Odanın içinde dolaşıyorum biraz; bir aşağı bir yukarı, bir sağa bir sola. Bu duygu ne? Telaş mı, korku mu yoksa düpedüz kaçış mı? Biraz sakinleşmek için silahı indirdiğimde yerdeki mavi hulahop gözüme çarpıyor, bir türlü doğru düzgün çevirmeyi beceremediğim şu meret.

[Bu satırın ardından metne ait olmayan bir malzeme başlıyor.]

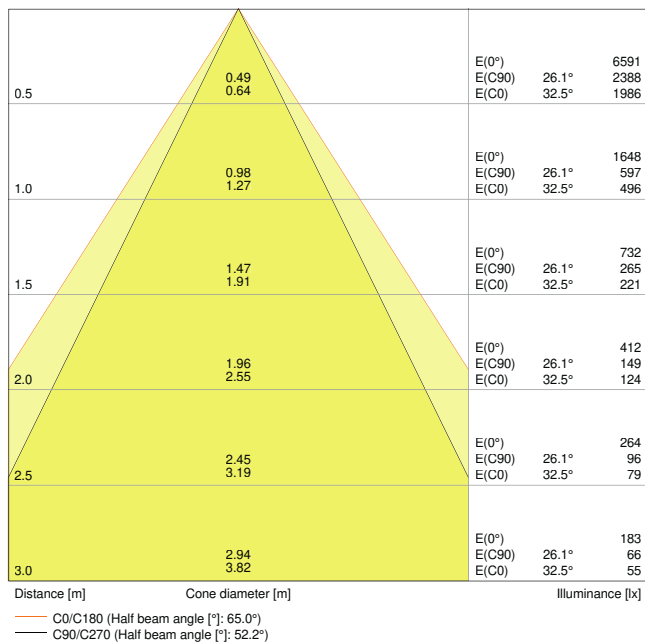

DL COMFORT DN155 18W3CCT 60DEG WT-4000K

Son bir kez daha deneyeceğim!
Yanına yaklaşıyorum. Bir ayağımı atıyorum tam ortasına, ufak bir sallantı hissediyorum fakat çok da üzerinde durmuyorum, kafa patlatacak daha önemli şeylerim var. Ardından diğer ayağımı kaldırıp da merkeze adım atar atmaz birden zifiri karanlığa gömülüyorum. Hulohopun kenarları mı aşağıya yukarıya doğru sürekli uzuyor yoksa ben mi düşüyorum anlayamıyorum. Artı sonsuzdan eksi sonsuza kadar giden bir yoldayım şimdi. Tutunmaya çalışıyorum çeperlerine, başaramıyorum, dipsiz bir kuyu gibi. Üstelik sadece düşmüyorum, aynı zamanda bir şeyler de ayağımdan tutup çekiyor beni içine, giderek daha içine, daha da içine çekiliyorum; sanki yer çekimi yeterince hızlı değilmiş gibi çekiyor da çekiyor beni.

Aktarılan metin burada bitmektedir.